:: THE TASK ::
Look for the line containing "преодолевших порога, от" in the records below. Then output it and all the lines that follow, exactly and without any others.

:: DATA ::
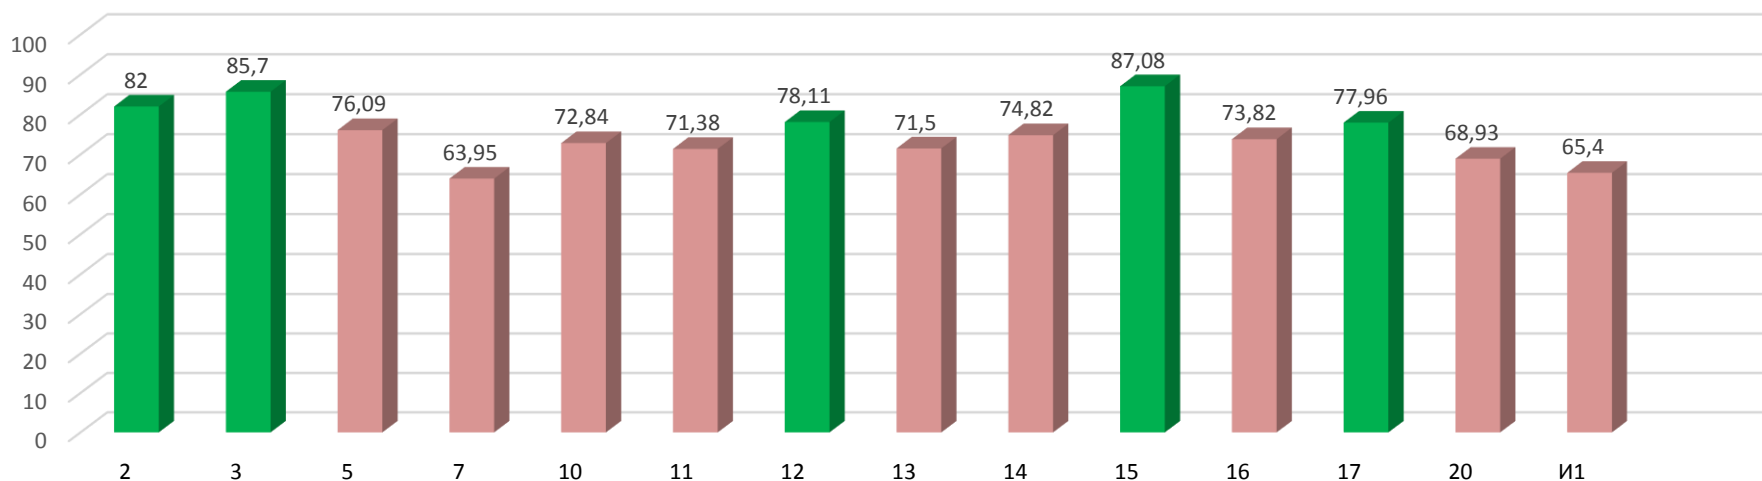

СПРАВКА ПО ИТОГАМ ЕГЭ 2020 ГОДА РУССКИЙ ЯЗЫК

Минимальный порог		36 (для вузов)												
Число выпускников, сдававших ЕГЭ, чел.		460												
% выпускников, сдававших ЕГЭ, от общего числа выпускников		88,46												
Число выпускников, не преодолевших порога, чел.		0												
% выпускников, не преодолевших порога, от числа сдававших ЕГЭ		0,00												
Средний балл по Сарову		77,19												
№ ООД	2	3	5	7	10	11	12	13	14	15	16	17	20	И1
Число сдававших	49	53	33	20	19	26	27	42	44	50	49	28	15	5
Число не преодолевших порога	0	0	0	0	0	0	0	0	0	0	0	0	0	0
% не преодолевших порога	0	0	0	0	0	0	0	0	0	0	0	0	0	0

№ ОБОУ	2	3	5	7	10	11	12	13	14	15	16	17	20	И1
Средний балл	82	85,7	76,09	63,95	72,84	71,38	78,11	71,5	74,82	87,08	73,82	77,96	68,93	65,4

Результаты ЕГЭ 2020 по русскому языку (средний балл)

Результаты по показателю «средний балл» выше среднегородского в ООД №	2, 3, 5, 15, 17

:: WORKED SOLUTION ::
% выпускников, не преодолевших порога, от числа сдававших ЕГЭ		0,00												
Средний балл по Сарову		77,19												
№ ООД	2	3	5	7	10	11	12	13	14	15	16	17	20	И1
Число сдававших	49	53	33	20	19	26	27	42	44	50	49	28	15	5
Число не преодолевших порога	0	0	0	0	0	0	0	0	0	0	0	0	0	0
% не преодолевших порога	0	0	0	0	0	0	0	0	0	0	0	0	0	0

№ ОБОУ	2	3	5	7	10	11	12	13	14	15	16	17	20	И1
Средний балл	82	85,7	76,09	63,95	72,84	71,38	78,11	71,5	74,82	87,08	73,82	77,96	68,93	65,4

Результаты ЕГЭ 2020 по русскому языку (средний балл)

Результаты по показателю «средний балл» выше среднегородского в ООД №	2, 3, 5, 15, 17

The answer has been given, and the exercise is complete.